Pas la tête à moissonner
Lionel Boisselet pensait davantage à ses bâtiments qu'aux résultas de son avoine, lundi après-midi.

D'ordinaire, l'heure des moissons est très attendue à l'EARL du Noyer, gérée par Lionel Boisselet. « C'est un moment généralement convivial au cours duquel nous échangeons avec nos collègues, nos amis, dans l'éternelle bonne humeur et en parlant avec passion de nos différentes cultures », reconnaît volontiers l'agriculteur de 55 ans. Cette année, la donne est totalement différente, ces moissons ont un même un goût « très fade » après l'orage dévastateur du 21 juin. Lionel Boisselet fait partie des sinistrés, avec notamment 3 500 m2 de toitures endommagées : « Le lendemain de l'orage, je me suis même demandé s'il fallait que je continue l'activité, s'il ne fallait pas plier les gaules... C'est dire. Aujourd'hui, il n'y a plus de place pour stoker quoi que ce soit, pas la moindre remorque de grains sous les bâtiments, car les cellules sont sous l'eau. Même la presse : je ne sais pas où la mettre. Je sollicite un dispositif que je ne connaissais pas jusqu'à présent : le dépôt-reprise par le biais de ma coopérative. Avec celui-ci, je fais partir aussitôt la récolte, avec la possibilité de la faire revenir plus tard. Cela représente un coût mais c'est une solution dans ce moment très difficile à vivre »

Un veau assommé

Lionel Boisselet n'est pas prêt d'oublier cette soirée du 21 juin : « nous étions en train de manger en terrasse quand un gros nuage est arrivé. Nous avons entendu les velux tomber à l'étage, cela ne sentait vraiment pas bon... Mon épouse regardait par la fenêtre, elle a vu un veau s'effondrer devant elle, il avait sûrement reçu un gros grêlon en pleine tête. Heureusement, il a réussi à se relever dix minutes plus tard. Le pire fut la suite, en constatant les dégâts dans hangars... ». L'exploitant agricole déplore de nombreuses pertes, en plus de ses toitures perforées : « la moitié de mes 350 bottes de foin sont fichues, idem pour 40 quintaux d'avoine qui étaient stockés depuis l'an passé. L'après-midi avant l’orage, j'avais rentré mon foin,mais il a fallut tout ressortir le lendemain matin. Mon Berlingo, j'avais eu la bonne idée de le rentrer, des morceaux de fibrociment sont tombés dessus mais ne l'ont pas abîmé. C'est bien sûr une bien maigre consolation ».

Un agenda chargé

Depuis ce jour, Lionel Boisselet enchaîne les démarches administratives, les coup de fils, les rencontres avec des professionnels : « l'assureur est passé voir l'importance des dégâts, il a été servi... Celui-ci m'a invité à lancer des devis sans attendre, chose que j'ai faite sans tarder. L'expert m'a également rendu visite. Cela occupe forcément le quotidien. Ces soucis, nous n'en avions vraiment pas besoin. Tous les sinistrés se demandent bien comment tout cela va se terminer, combien d'argent les réparations vont coûter, combien de temps tout cela va demander... ». À l'exception de deux parcelles d'orges d'hiver, dont l'une est quasiment détruite, les autres cultures de Lionel Boisselet devraient pouvoir tirer leur épingle du jeu : « l'avoine, le blé et le triticale ne s’annoncent ni extraordinaires, ni catastrophiques mais à vrai dire, ce n'est pas ma préoccupation du moment. Nous attendons du soutien, que les dossiers avancent vite et bien. Le temps va passer vite. Après ces moissons, il faudra bientôt rentrer les animaux... ».

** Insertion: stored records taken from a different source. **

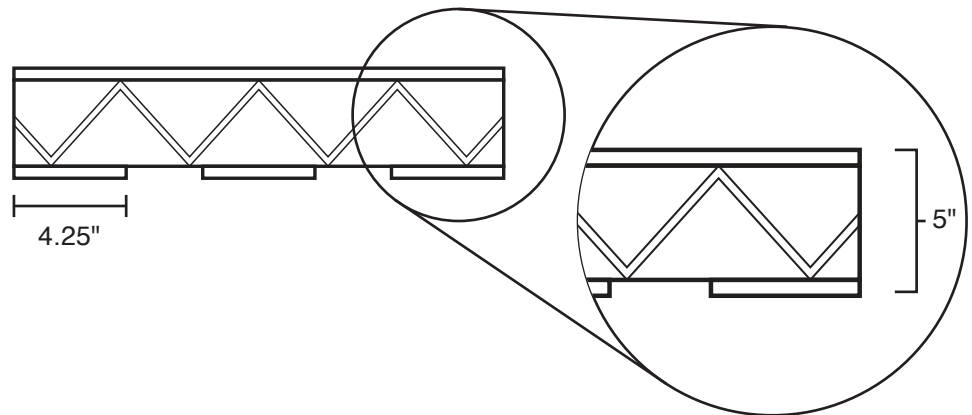

# Pallet Specification Sheet

Pallet ID: ppc2424-3WB3SSF

Top View:

Bottom View:

Side View:

## Components & Specifications:

Dimensions: 24" x 24" x 5"

Weight: 18lbs

All parts made of recycled plastic

Static Capacity: 15,000lbs

Dynamic Capacity: 2,000lbs

Stackable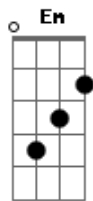

C G
But I just can't stop

C F G
Let my defences drop

C F C
I know that I was born to kill

F C
Any angel on my windowsill

C G
But it's so dark inside

C F
I throw the windows wide

[Pré-Refrão]

F C G
I know, la-la-la-la-la-la-la-la-la

F C G
I know, la-la-la-la-la-la-la-la-la

G
Still I don't let go

Em F
And fields of flowers grow

[Refrão]

C
Oh, it feels like, I'm falling in

G
Love

Em F
Maybe for the first time

G Am7 G
Baby, it's my mind, you blow

C
It feels like, I'm falling in love

Em F
You're throwing me a lifeline

G Am7 G
This is for a lifetime, I know

[Segunda Parte]

C F C
I know that in this kind of scene

F
Of two people, there's a spark

C
Between

C G
One gets torn apart

C F G

Acordes

© ukulele-chords.com

© ukulele-chords.com

© ukulele-chords.com

© ukulele-chords.com

© ukulele-chords.com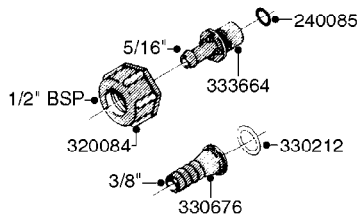

L0010

parts-n°	order qty	description
240085	1	O-RING D13,1/8,3X02,4 NITRIL
241441	1	O-RING D29.3X3
242594	1	O-RING D14 X 1.78 SCH.70-EPDM
320084	1	FITT.DK NUT 1/2" BSP
320095	1	FITT.DK NUT 1" BSP
320117	1	FITT.DK CONN.1/2"BSP F. 1" CAP
320187	1	FITT.DK CAP 3/8" BSP BLACK
320283	1	FITT.DK NUT 3/4"BSP
320821	1	FITT.DK NUT 1-1/2" BSP
321495	1	FITT.DK REDUC 1/4'BSP F.3/4'NT
321576	1	FITT.DK CONN 1/2"BSP F.3/4"NUT
330013	1	O-RING D15/D10X2.5 F.3/8"NUT
330212	1	O-RING D19/D14X2.4 F.1/2"NUT
330326	1	O-RING D30/D24X2 F.1"NUT
330341	1	FITT.DK HB 1" F. 1" NUT
330595	1	O-RING D24.6/D20X2.1 -3/4"
330665	1	3/4' HOSE TAIL F/1' CAP
330676	1	FITT.DK HB 3/8" F. 1/2" NUT
330687	1	FITT.DK HB 1/2" F. 1/2" NUT
330691	1	FITT.DK HB 3/4'F.3/4' NUT
330783	1	FITT.DK HB 3/8" F.3/8" NUT
331262	1	FITT.DK HB 1-1/2" F. 1-1/2"NUT
331273	1	O-RING D44/D38X2 F.1-1/2"
331446	1	FITT.DK HB 1" F.1-1/2" NUT
331807	1	FITT.DK HB 5/16" F.3/8" NUT
332286	1	FITT.DK HB 1/2" F. 3/4" NUT
332905	1	FITT.DK HB 1/2" F. 3/4" CAP
332927	1	PLUG F. NOZZLE TUBE 3/4'
333292	1	FITT.DK HB 1"O'RING F.1-1/2"
333664	1	FITT.DK HB 5/16' F. 1/2' NUT
334044	1	FITT.DK HB 3/4' F. 3/4' CAP
334059	1	FITT.DK EL 1" 110 DEG.F.1-1/2"
334123	1	FITT.DK HB 1-1/4"O-RNG F.1-1/2"
334150	1	FITT.DK HB 1-1/4" 110 F.1-1/2"
390542	1	PLUG WASHER FOR 3/4'CAP NUT
716236	1	FITT.DK HB 1/2" ASSY. F. 3/4"
716413	1	FITT.DK PLUG ASSY. F.NOZ TUBE
717426	1	FITT.DK REDUC 1/4"BSP F.3/4"N
720856	1	FITT.DK 1/2'BSP ASSY.F.3/4'NUT
724621	1	FITT.DK HB 3/4"ASSY F.3/4" NUT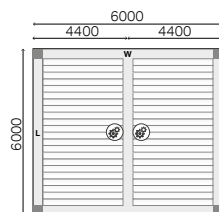

B200XL

B200XL module with 1 roof (up to 6m x 4,5m / 7m x 3,5m) coupled along the width (parallel with louvers / with couple type L)

- Single module
- Stand alone version with 4 posts
 - Price: **see table**

- 2 Coupled modules
- Stand alone version with 6 posts
 - Price = price both modules - **€ 500**

- 3 Coupled modules
- Stand alone version with 8 posts.
 - Price = price 3 modules - **€ 1000**

B200XL module with 1 roof coupled along the length (cross grained to the louvers / with couple type W)

- Single module
- Stand alone version with 4 posts
 - Price: **see table**

- 2 Coupled modules
- Stand alone version with 6 posts
 - Price = price both modules - **€ 500**

- 3 Coupled modules
- Stand alone version with 8 posts.
 - Price = price 3 modules - **€ 1000**

B200XL module with 2 roofs (up to 7m x 7m) coupled along the width (parallel with louvers / with couple type L)

- Single module
- Stand alone version with 4 posts
 - Price: **see table**

- 2 Coupled modules
- Stand alone version with 6 posts
 - Price = price both modules - **€ 500**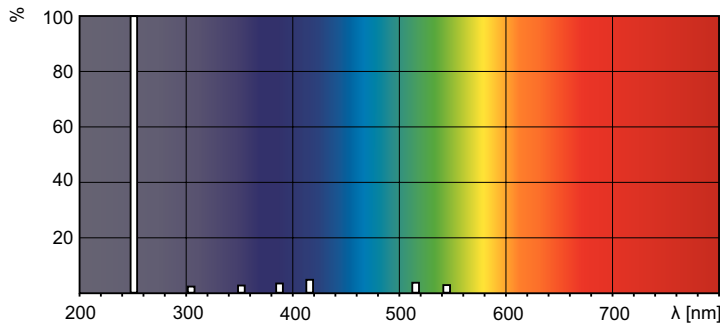

### Product data

<b>General Information</b>		<b>Lamp Current (Nom)</b>		3.06 A
Cap-Base	G5.4x17q	<b>Controls and Dimming</b>		
Operating Position	H45 [h45]	Dimmable	Yes	
<b>Light Technical</b>		<b>Product Data</b>		
Arc Length O (Nom)	1,400 mm	Order product name	TUV 230W XPT 20PK	
<b>Operating and Electrical</b>		Full product name	TUV 230W XPT 20PK	
Power Consumption	230 W	Full product code	871150021441605	

# TUV Dynapower system

Order code	928104005112
Material Nr. (12NC)	928104005112
Numerator - Quantity Per Pack	1
Net Weight (Piece)	0.443 kg
EAN/UPC - Product/Case	8711500214416

Numerator - Packs per outer box	20
EAN/UPC - Case	8711500214423

## Dimensional drawing

Product	D	O	C (max)
TUV 230W XPT 20PK	25 mm	1,400 mm	1,514 mm

## Photometric data

Spectral Power Distribution Colour - TUV 230W XPT 20PK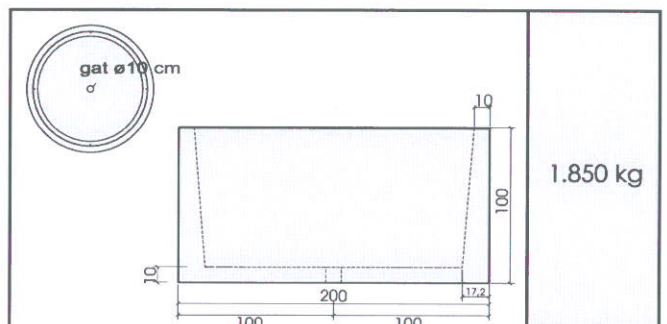

## TYPE 10.0

190 kg

Hexagon S = 45 cm - H 40 cm

## TYPE 11.0

950 kg

120/120 cm - H 50 cm

## TYPE 12.0

1.090 kg

120/120cm - H 60 cm - with supports

## TYPE 14.0

1.850 kg

Dia 200 cm - H 100 cm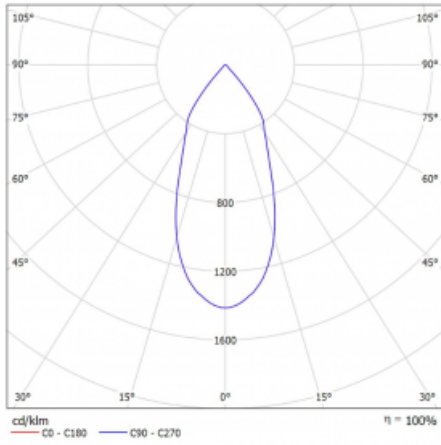

Curve

Luminaire power input* 40 W

Connection of the luminaires DALI

Electrical voltage 220-240V

Frequency 50/60Hz

⊕ CE IP 20

*±10 %

Tout s'annonçait pourtant bien
Benjamin Boisselet, sous un de ses bâtiments perforés.

Tout s'annonçait pourtant bien

 


Benjamin Boisselet, lui aussi exploitant à Nailly, dresse bien évidemment le même constat que son cousin Lionel : « Ces moissons sont forcément très particulières. Tout s'annonçait pourtant bien avec des champs assez prometteurs, surtout avec le niveau de tarifs annoncé. Cet événement climatique a totalement rabattu les cartes pour nous ». Le week-end dernier, ce jeune agriculteur de 32 ans a récolté son avoine d'hiver destinée à la vente : « je termine sur un résultat de 5q/ha, alors qu'il était possible de viser au-delà des 50q/ha. La grêle n'a rien pardonné... Je suis assuré mais seulement au minimum. Le peu d'avoine livré a été vendu au prix de 220 euros la tonne, alors que l'assurance me couvre à hauteur de 100 euros. Il y aura un important manque à gagner ». La parcelle la plus impactée se situe pourtant sur une commune où les bâtiments ont été beaucoup plus épargnés qu'à Nailly : « il n'y a rien d'étonnant selon l'expert que j'ai rencontré. Là où il y a de la casse de matériels, il n'y a pas toujours de gros impacts dans les cultures et inversement. Cela s'explique par la taille des grêlons : des petits font par exemple beaucoup plus de mal aux épis ». Pour ne rien arranger, la paille, broyée par la grêle, a été très difficile à ramasser. Les tonnages sont même deux fois moins importants que d'ordinaire dans l'orge d'hiver, culture dont la partie touchée a terminé sur un timide rendement de 35 q/ha, représentant une perte potentielle de près de 30q/ha. Le blé, le triticale et l'ogre de printemps, qui devraient être fauchés à partir de cette fin de semaine, étaient heureusement moins grêlés. 

Demande de soutiens

Comme son cousin Lionel, Benjamin Boisselet a davantage les yeux rivés sur son exploitation : « pour ma part, j'ai cinq toits qui ne sont plus vraiment des toits, y compris celui de la maison. La voiture de mon frère, qui travaille un quart du temps sur la ferme, a été pulvérisée. J'ai dû jeter quatre tonnes d'aliments qui avaient pris l'eau, même sort pour 10 tonnes de triticale et d'orge que j'avais d'avance pour mes bovins. Une centaine de balles rondes de foins sont fichues. Celles qui attendent encore dans les prés, je ne sais pas où je vais pouvoir les mettre... Je n'ai heureusement aucun animal mort. Ce n'est pas le cas de deux autres éleveurs de la commune, j'ai entendu dire que cinq brebis et trois agneaux y étaient restés ». Benjamin Boisselet doit lui aussi jongler entre les récoltes et les démarches administratives : « d’habitude, nous sommes contents d’arriver dans les champs, les moissons représentent une finalité du travail de l'année. Cet orage casse décidément tout, dans tous les sens du terme. Nos journées commencent par deux heures de bureau, il faut rappeler en journée les personnes que nous n'avons pas réussi à joindre. Et surtout : les questions restent nombreuses après cet aléa. Comment cela va t-il se finir ? Je souhaite que nos autorités nous soutiennent un maximum, je crains que nous nous sentions très seuls d'ici peu... Il faut que les assurances nous payent le maximum de ce qu'elle peuvent, sinon nous sommes très mal ».